Monday, December 7, 2009

Mark Davis: TCU bowl game outrage

Mark Davis: TCU bowl game outrage proves need to scrap the system
06:19 PM CST on Tuesday, December 8, 2009
On Jan. 7, the University of Texas may be crowned national champions of college football. But the best team in America may have already played days earlier.

The Texas vs. Alabama winner will be 13-0, but so will the winner of the Fiesta Bowl matching undefeated TCU and Boise State on Jan. 4. The University of Cincinnati could also finish 13-0 by beating Florida in the Sugar Bowl on New Year's Day.

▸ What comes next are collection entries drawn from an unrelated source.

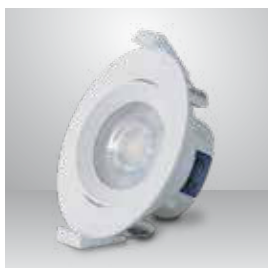

DOWNLIGHT XOAY GÓC

Sản phẩm	Model sản phẩm	Công suất	Số lượng/ thùng	Lỗ khoét trần	Giá/Cái
		W	Cái	mm	VNĐ
LED Downlight xoay góc 4.5W	D AT02L XG 76/4.5W.DA	4.5	24	76	Liên hệ
LED Downlight xoay góc 6.5W	D AT02L XG 76/6.5W.DA	6.5	24	76	Liên hệ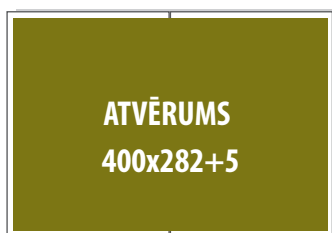

## Reklāmas laukumu cenas žurnālā «LAUKU MĀJA»

1/1  
EUR 990

2. VĀKS – EUR 1 230

3. VĀKS – EUR 1 090

4. VĀKS – EUR 1 370

IEKŠLAPAS – EUR 990

2/1  
EUR 1 290

ATVĒRUMS – EUR 1 290

ATVĒRUMS izvietots:

2. VĀKS + 1. LPP. – EUR 1 570

2/3 HORIZ  
EUR 690

2/3 VERT  
EUR 690

1/2 HORIZ  
EUR 550

1/2 VERT  
EUR 550

1/3 HORIZ  
EUR 350

1/3 VERT  
EUR 350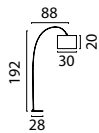

1490-1013-6530-10230

Pearl White Fixt.
On/Off Switch, E27
max 18W Bulb excl.

Despite three undefeated teams, we would be expected to shrug and say the winner of the so-called National Championship Game is precisely that.College football fans have long been forced to accept a phony champion determined by polls rather than a series of actual games. So what rips this issue from the sports pages and puts it on this op-ed page this year?

Because the best team in college football right now may not play in Austin or Tuscaloosa, Ala. It may play in Fort Worth.

After a 12-0 season against admittedly lower-caliber opponents, TCU has nonetheless earned the right to prove itself against an elite opponent in a BCS bowl game.



Since 1998, the fraudulently-titled Bowl Championship Series has given us a mix of human voting and computer rankings and a resulting snootful of appearances by Oklahoma, USC, Florida and LSU, along with other major conference champs like Texas, who won it all in 2005.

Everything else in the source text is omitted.